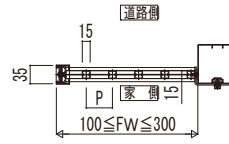

## 型材門扉 袖FIX納まり 門柱一壁／袖FIX (片支持式)

### 袖FIX (片支持式)

袖FIX (片支持式) : 門扉 内開き

FW (サイズ)	P (格子ピッチ)	n (格子本数)
120	50	2
170		3
270		5

※サイズオーダーの場合、サイズに応じて格子ピッチ・格子本数が異なります。

━━━

◆ **WHAT IS REQUIRED**:
Could you write out the whole listing exactly, dropping the pictures?

◆ **TASK OUTPUT**:
## 型材門扉 袖FIX納まり 門柱一壁／袖FIX (片支持式)

### 袖FIX (片支持式)

袖FIX (片支持式) : 門扉 内開き

FW (サイズ)	P (格子ピッチ)	n (格子本数)
120	50	2
170		3
270		5

※サイズオーダーの場合、サイズに応じて格子ピッチ・格子本数が異なります。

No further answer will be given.